After deployment with make deploy-vps, the openclaw user's home looks like:

/home/openclaw/
├── skillful-alhazen/                # Cloned repo (for container builds + schemas)
└── openclaw-docker/                 # Compose project directory
    ├── docker-compose.yml
    ├── Dockerfile
    ├── .env                         # LITELLM_MASTER_KEY, OPENCLAW_GATEWAY_TOKEN
    ├── litellm-config.yaml
    ├── litellm.env                  # Real API key (mode 0600)
    ├── squid.conf
    ├── allowlist.txt
    ├── monitor.sh
    ├── typedb-data/                 # TypeDB persistent storage
    ├── workspace/                   # Agent workspace (CLAUDE.md, identity files)
    ├── openclaw-data/               # Agent config + state
    │   ├── openclaw.json            # Agent config (mode 0600)
    │   ├── mcp.json                 # MCP server connections
    │   ├── tools.yaml               # Shell command allowlist
    │   ├── exec-approvals.json      # Command execution policy
    │   ├── gateway.crt / .key       # Self-signed SSL certificate
    │   ├── credentials/             # Telegram pairing, etc.
    │   └── skills/                  # Copied from repo .claude/skills/
    └── openclaw-ssh/                # Agent SSH keys

Supported LLM Providers

Provider Model Examples Notes
anthropic claude-sonnet-4-6, claude-opus-4-6 Default provider
openai gpt-4o Via LiteLLM translation
ollama qwen2.5:0.5b, llama3, deepseek-r1:8b Local/network Ollama server
openai_compatible Any Custom base URL + API key

Idempotent Re-Deploys

Running deploy.sh against an already-deployed target is safe:

  • The 3-word hostname is read from /etc/openclaw_identity and reused
  • SSH keys are only generated if the local key file doesn't exist
  • Existing secrets (.env) are preserved — master key and gateway token carry forward
  • TypeDB initialization skips if the alhazen_notebook database already exists
  • User creation skips if the openclaw user already exists
  • Containers are stopped, rebuilt, and restarted cleanly

Known Issues and Future Work

Agent Egress Filtering

The agent currently bypasses Squid proxy (see Network Design above).
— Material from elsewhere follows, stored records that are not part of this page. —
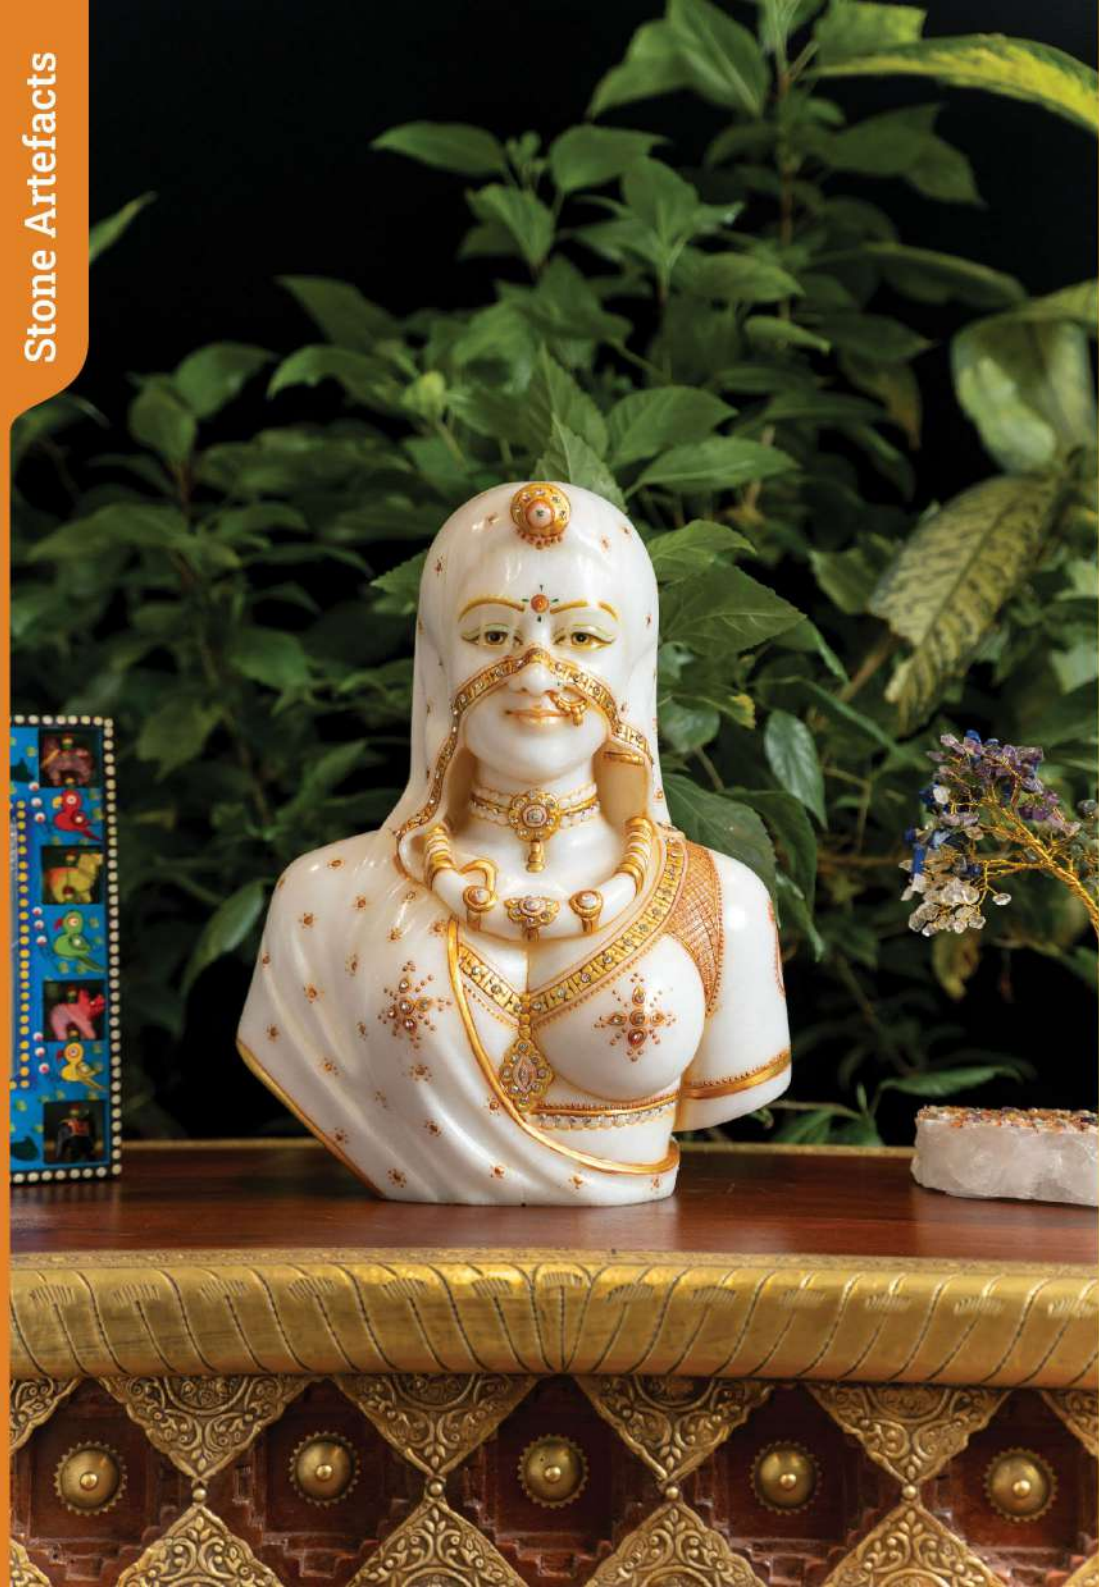

Buddha Tree Big 24in
MRP: 5,995/-

Buddha Blessing in
Black & Red Colour 10in
MRP: 1,400/-

Buddha Meditate Glossy
Black & Green Colour 11in
MRP: 1,250/-

Buddha Meditating Black
& Gold Colour 6in
MRP: 995/-

A future fix would use transparent proxy with iptables in the container namespace — redirecting outbound port 443 to Squid's intercept port while exempting internal network traffic. This restores domain-level egress filtering without depending on HTTP_PROXY env vars.

See deploy/README.md for detailed technical notes on the transparent proxy approach.

Upstream SDK Bug

The root cause is that @anthropic-ai/sdk honors HTTP_PROXY but ignores NO_PROXY. Tracked informally; if fixed upstream, the original explicit proxy architecture works as designed.